The subject invention 10 is characterized by controlling means 36 responsive to successive toggling of the wall switch 22 across the electric power line 20 for controlling the switching means 24 such that the controlling means 36 operates the switching means 24 to sequentially change the number of bulbs 14,16,18 being illuminated at any one given time through at least three different levels of illumination. Said another way, each time the wall switch 22 is turned off and back on again, the number of bulbs 14,16,18 which are illuminating is changed by one, i.e., either one more is on or one more is off, depending on the embodiment used.

In the preferred embodiment, the controlling means 36 sequentially reduces the levels of illumination by one bulb with each successive toggle of the wall switch 22. However, it should be noted that sequentially increasing the levels of illumination through at least three levels of illumination is within the scope of the subject invention 10.

The controlling means 36 includes two dual type D positive-edge-triggered flip-flops 38,40 ("D flip-flops").

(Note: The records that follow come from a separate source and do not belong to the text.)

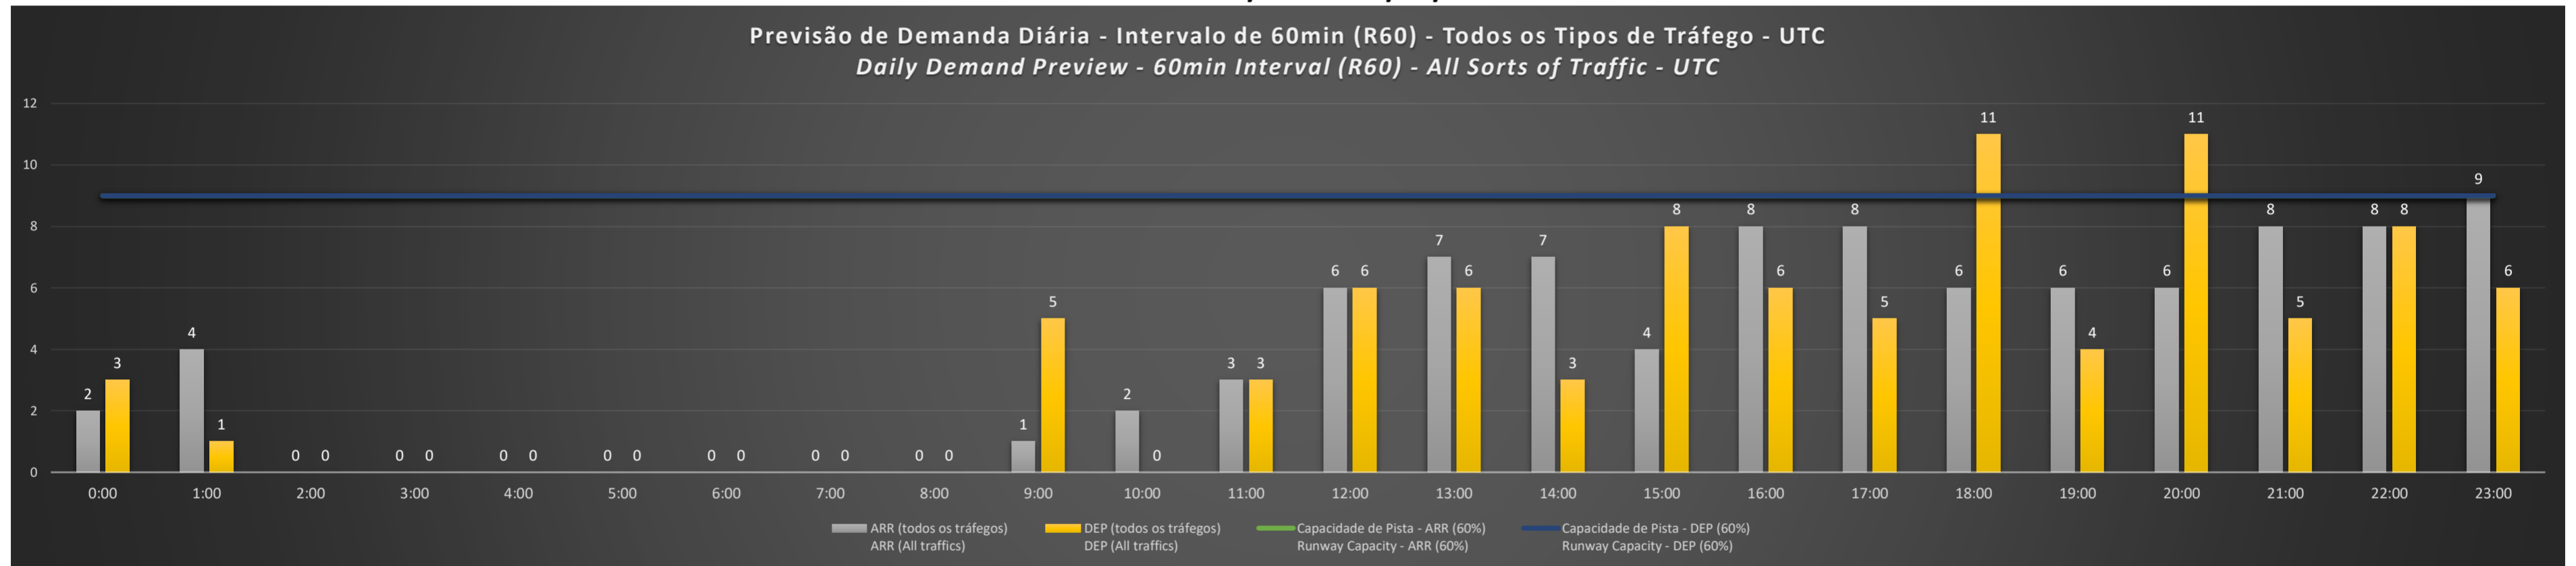

Visão Geral Semanal - Horários Recomendados para Inspeção em Voo
Weekly Overview - Recommended Flight Inspection Schedule

	0:00	1:00	2:00	3:00	4:00	5:00	6:00	7:00	8:00	9:00	10:00	11:00	12:00	13:00	14:00	15:00	16:00	17:00	18:00	19:00	20:00	21:00	22:00	23:00
20/06/2021	A/D	A/D	A/D	A/D	A/D	A/D	A/D	A/D	A/D	A/D	A/D	A/D	A/D	A/D	A/D	A/D	A/D	A	A/D	A	A/D	A/D	D	
21/06/2021	A/D	D	A/D	A/D	A/D	A/D	A/D	A/D	A/D	A	A/D	A	A	A	D	A/D	A/D	D	A/D	A/D	A	D	A/D	A/D
22/06/2021	A/D	D	A/D	A/D	A/D	A/D	A/D	A/D	A/D	A	A/D	NR	A/D	D	D	A/D	A/D	D	A/D	A/D	A	A/D	A/D	A/D
23/06/2021	A/D	A/D	A/D	A/D	A/D	A/D	A/D	A/D	A/D	A/D	A/D	A	A/D	A	A/D	A/D	A/D	D	A/D	D	A	A/D	A/D	A/D
24/06/2021	A/D	D	A/D	A/D	A/D	A/D	A/D	A/D	A/D	A	A/D	A	A	D	D	A	A/D	D	A/D	A/D	A	A/D	A/D	A/D
25/06/2021	A/D	D	A/D	A/D	A/D	A/D	A/D	A/D	A/D	A	A/D	A	A/D	D	D	A	A/D	D	A/D	D	A	A/D	D	A/D
26/06/2021	A/D	D	A/D	A/D	A/D	A/D	A/D	A/D	A/D	A	A/D	A/D	A/D	A/D	D	A/D	A/D	A/D	A/D	A/D	A/D	A/D	A/D	A/D

A/D - Horário Recomendado para Inspeção em Voo (aproximação e decolagem)
Recommended Flight Inspection Schedule (approach and departure)

A - Horário Recomendado para Inspeção em Voo (aproximação somente)
Recommended Flight Inspection Schedule (approach only)

NR - Horário Não Recomendado para Inspeção em Voo
Not Recommended Flight Inspection Schedule

D - Horário Recomendado para Inspeção em Voo (decolagem somente)
Recommended Flight Inspection Schedule (departure only)

SBRJ/SDU - 20/06/2021

Power is received by the set port 42,44 of each of the D flip-flops 38,40. The set ports 42,44 are tied to ground through a resistor R20. The inverted output of the second D flip-flop 40 is tied to the D port 46 of the first D flip-flop 38. The inverted output of the first D flip-flop 38 is tied through a diode D1, capacitor C1 and resistor R5 to ground. The output of the first D flip-flop 38 is tied to the D port 48 of the second D flip-flop 40. In addition, the output of the first D flip-flop 38 is tied to ground through capacitor C7. The reset terminals 50,52 of the two D flip-flops 38,40 are connected to ground. The inverted output of the second D flip-flop 40 is also connected through diode D2, resistor R5 and capacitor C1 to ground.

The outputs of each of the first 38 and second 40 D flip-flops are also tied to the resistors R1,R3 of the switching means 24, which are connected to the bases of the two transistors Q1,Q2, respectively. Therefore, the outputs of the two D flip-flops 38,40 directly control the ability of the two transistors Q1,Q2 to conduct current therethrough. The output, Q, of the first D flip-flop 38 is also tied to ground through a capacitor C7.

The controlling means 36 includes state generating means 54 for generating a plurality of combinations of states in which the switching means 24 exist. The state generating means 54 comprises the two D flip-flops 38,40 connected in a master-slave configuration. The states created by the state generating means 54 determine when the transistors Q1,Q2 of the switching means 24 are turned on and off. For example, when the wall switch 22 is turned on for the first time, both outputs of the D flip-flops 38,40 are high which allows the transistors Q1,Q2 to conduct which in turn allows the triacs 26,28 to conduct. When both triacs 26,28 are allowed to conduct, all three bulbs 14,16,18 are illuminating. When, however, the wall switch 22 is turned off and on rapidly, the output of the first D flip-flop 38 goes low which prevents the transistor Q2 and second triac 28 from conducting, thus turning off the first middle bulb 14 allowing the two outer bulbs 16,18 to remain in their illuminating state. Again, when the wall switch 22 is turned off and on rapidly, the output of the first D flip-flop 38 goes high while the output of the second D flip-flop 40 goes low allowing the first lamp 14 to illuminate while the two outer light bulbs 16,18 are turned off and, therefore, are non-illuminating. And, finally, when the wall switch 22 is turned off and on rapidly for a third time, all three bulbs 14,16,18 are turned on because the outputs of the two D flip-flops 38,40 are high.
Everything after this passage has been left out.